PROBLEM STATEMENT: Nothing but an exact copy is wanted here: the line with "Hollow in Chrome" and all the lines that follow it in the entries below.
*** Begin section ***
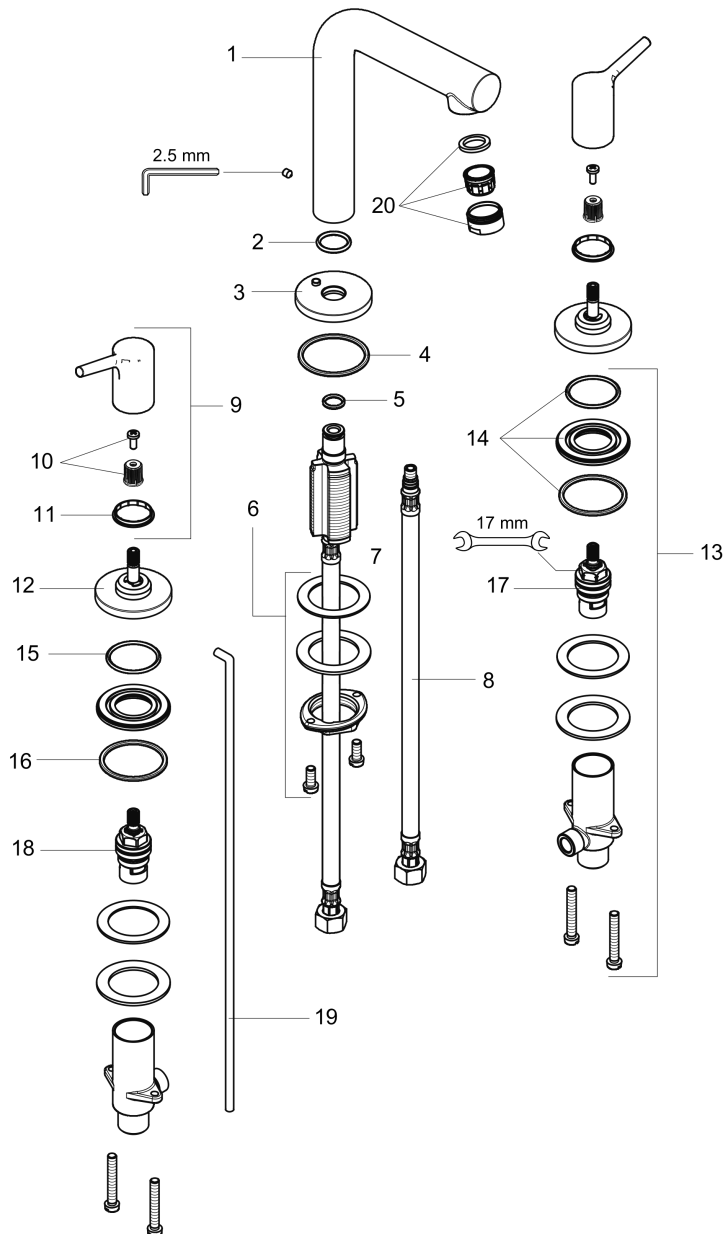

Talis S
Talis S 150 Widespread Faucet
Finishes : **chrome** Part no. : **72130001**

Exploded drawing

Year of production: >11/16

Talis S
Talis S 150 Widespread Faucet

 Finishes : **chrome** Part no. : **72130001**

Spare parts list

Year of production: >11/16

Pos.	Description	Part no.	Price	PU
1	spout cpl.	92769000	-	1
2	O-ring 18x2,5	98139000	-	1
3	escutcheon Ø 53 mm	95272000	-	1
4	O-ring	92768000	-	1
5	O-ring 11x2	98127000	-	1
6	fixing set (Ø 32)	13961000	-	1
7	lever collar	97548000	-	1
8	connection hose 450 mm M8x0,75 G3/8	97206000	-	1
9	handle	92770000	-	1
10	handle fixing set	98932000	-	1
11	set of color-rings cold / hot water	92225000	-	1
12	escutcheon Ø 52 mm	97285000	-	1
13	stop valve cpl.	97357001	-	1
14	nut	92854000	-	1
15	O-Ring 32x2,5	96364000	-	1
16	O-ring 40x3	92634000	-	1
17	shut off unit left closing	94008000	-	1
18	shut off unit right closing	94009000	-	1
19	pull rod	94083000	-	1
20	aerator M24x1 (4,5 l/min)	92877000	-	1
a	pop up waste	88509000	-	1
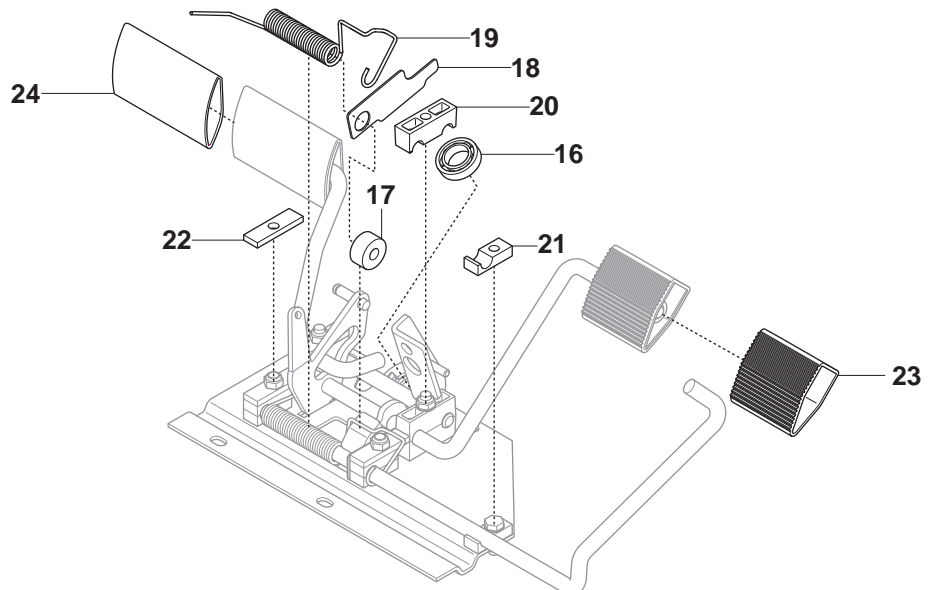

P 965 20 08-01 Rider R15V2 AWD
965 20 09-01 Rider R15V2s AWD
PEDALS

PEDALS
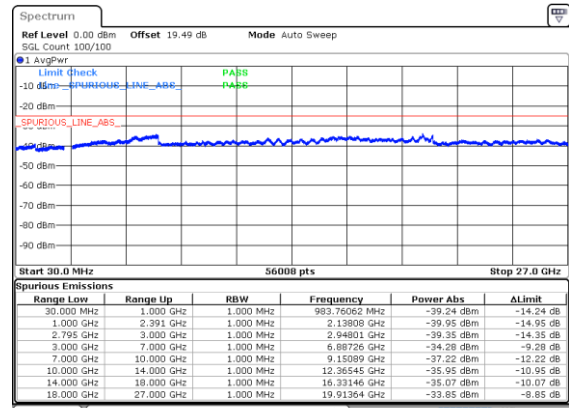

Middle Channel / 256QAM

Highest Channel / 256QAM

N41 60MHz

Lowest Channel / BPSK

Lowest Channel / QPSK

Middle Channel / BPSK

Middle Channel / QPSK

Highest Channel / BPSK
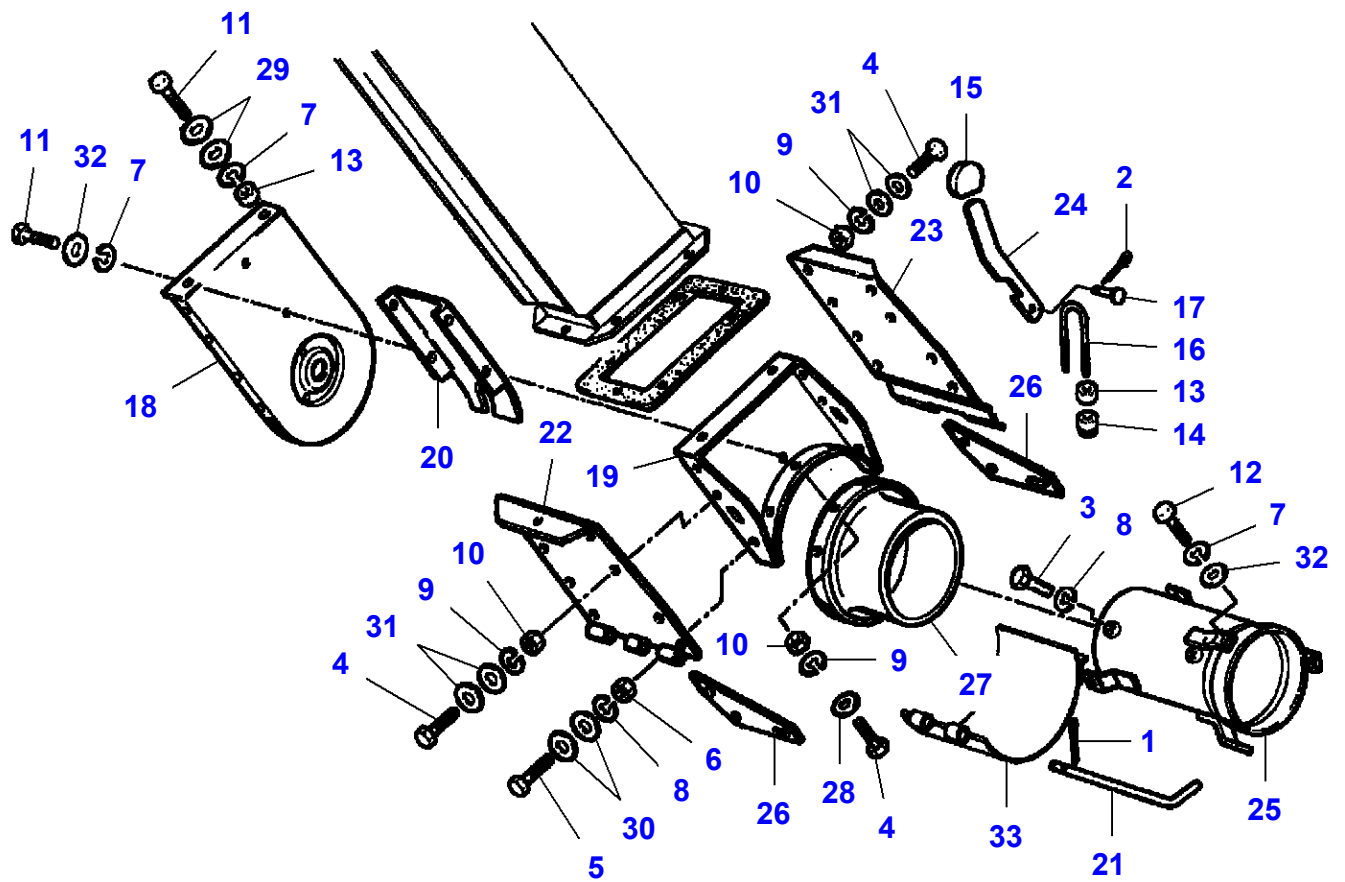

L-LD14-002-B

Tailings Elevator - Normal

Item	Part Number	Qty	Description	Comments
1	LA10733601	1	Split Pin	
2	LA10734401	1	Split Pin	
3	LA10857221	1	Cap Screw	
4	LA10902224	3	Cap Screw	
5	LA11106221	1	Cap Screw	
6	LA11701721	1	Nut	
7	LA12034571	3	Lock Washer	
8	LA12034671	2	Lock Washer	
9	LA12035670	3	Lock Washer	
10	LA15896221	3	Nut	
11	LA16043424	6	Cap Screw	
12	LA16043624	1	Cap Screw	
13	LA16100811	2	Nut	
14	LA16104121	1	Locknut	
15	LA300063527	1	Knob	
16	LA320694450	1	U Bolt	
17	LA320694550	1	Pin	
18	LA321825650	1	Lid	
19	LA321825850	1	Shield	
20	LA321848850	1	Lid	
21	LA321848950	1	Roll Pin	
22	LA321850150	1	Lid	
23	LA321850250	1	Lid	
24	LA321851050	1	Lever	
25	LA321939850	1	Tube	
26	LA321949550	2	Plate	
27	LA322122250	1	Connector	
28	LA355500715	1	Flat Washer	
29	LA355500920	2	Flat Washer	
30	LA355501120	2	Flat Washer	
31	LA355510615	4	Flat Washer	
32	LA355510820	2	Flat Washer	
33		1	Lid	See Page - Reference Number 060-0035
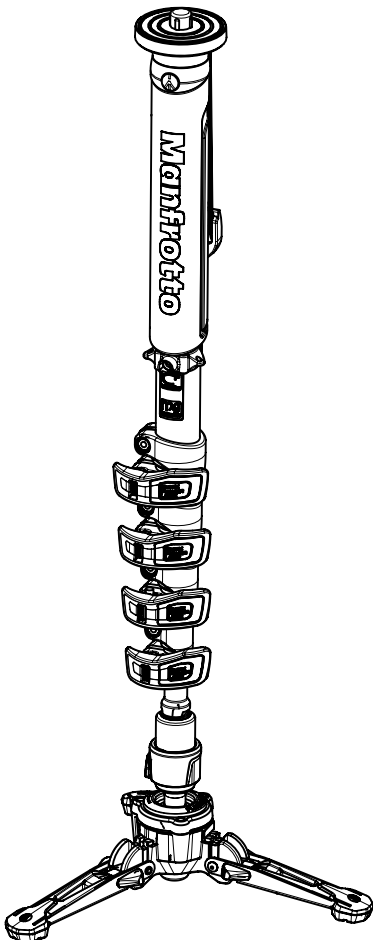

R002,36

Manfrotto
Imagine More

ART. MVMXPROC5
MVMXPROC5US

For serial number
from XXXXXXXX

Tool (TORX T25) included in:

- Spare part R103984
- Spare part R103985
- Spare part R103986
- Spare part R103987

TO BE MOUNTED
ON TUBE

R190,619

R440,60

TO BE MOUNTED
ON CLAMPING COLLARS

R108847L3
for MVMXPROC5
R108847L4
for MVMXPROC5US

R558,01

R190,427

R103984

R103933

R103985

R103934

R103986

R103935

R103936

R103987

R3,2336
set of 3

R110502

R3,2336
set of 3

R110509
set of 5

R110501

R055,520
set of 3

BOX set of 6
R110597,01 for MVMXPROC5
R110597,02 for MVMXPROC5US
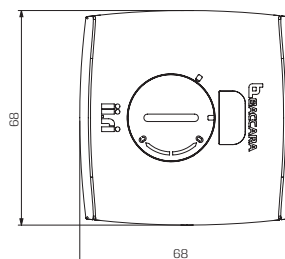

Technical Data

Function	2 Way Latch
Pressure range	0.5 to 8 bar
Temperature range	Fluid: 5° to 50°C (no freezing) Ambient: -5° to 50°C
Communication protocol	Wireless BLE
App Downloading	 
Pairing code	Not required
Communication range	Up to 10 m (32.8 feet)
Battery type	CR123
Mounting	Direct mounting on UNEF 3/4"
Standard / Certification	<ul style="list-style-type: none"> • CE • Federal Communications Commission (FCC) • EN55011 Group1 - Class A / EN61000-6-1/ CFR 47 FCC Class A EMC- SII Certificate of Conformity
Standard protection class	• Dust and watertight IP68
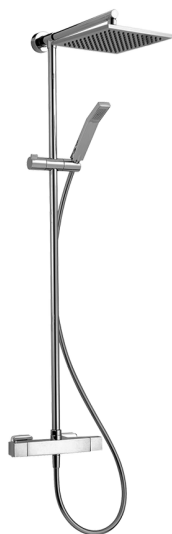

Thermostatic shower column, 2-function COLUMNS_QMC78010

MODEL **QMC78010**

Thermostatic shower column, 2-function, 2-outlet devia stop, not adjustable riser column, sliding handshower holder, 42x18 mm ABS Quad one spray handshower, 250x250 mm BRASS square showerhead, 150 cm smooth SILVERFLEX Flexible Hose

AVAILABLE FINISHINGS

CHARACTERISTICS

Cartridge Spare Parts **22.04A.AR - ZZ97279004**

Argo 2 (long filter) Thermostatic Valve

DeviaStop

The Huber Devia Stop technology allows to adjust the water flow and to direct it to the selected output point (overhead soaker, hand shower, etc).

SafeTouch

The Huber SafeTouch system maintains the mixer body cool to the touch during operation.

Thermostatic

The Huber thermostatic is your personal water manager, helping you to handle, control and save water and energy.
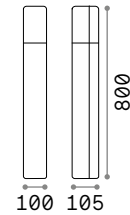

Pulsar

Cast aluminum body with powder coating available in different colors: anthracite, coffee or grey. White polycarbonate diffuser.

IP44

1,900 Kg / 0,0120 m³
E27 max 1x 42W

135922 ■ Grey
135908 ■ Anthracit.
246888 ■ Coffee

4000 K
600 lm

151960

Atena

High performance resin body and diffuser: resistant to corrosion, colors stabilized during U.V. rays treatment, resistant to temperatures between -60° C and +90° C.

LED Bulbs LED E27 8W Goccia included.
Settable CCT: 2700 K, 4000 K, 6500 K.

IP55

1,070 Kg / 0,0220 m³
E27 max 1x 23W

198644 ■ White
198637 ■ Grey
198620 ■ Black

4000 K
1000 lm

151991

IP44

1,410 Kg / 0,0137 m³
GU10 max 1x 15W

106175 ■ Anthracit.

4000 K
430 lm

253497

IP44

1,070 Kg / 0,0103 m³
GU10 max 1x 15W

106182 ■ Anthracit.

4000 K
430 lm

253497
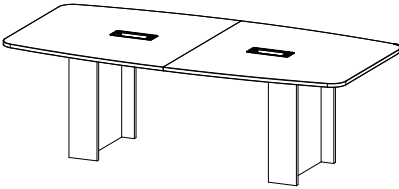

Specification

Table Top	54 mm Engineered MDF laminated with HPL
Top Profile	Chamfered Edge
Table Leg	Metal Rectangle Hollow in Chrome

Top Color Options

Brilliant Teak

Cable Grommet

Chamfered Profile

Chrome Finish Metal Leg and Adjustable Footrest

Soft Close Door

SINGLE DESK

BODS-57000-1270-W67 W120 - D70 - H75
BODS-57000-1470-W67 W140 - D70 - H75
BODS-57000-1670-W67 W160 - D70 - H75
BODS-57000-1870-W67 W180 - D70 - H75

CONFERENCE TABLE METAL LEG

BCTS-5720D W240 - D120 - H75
*** End section ***
RESULT OF THIS EXERCISE:
Table Leg	Metal Rectangle Hollow in Chrome

Top Color Options

Brilliant Teak

Cable Grommet

Chamfered Profile

Chrome Finish Metal Leg and Adjustable Footrest

Soft Close Door

SINGLE DESK

BODS-57000-1270-W67 W120 - D70 - H75
BODS-57000-1470-W67 W140 - D70 - H75
BODS-57000-1670-W67 W160 - D70 - H75
BODS-57000-1870-W67 W180 - D70 - H75

CONFERENCE TABLE METAL LEG

BCTS-5720D W240 - D120 - H75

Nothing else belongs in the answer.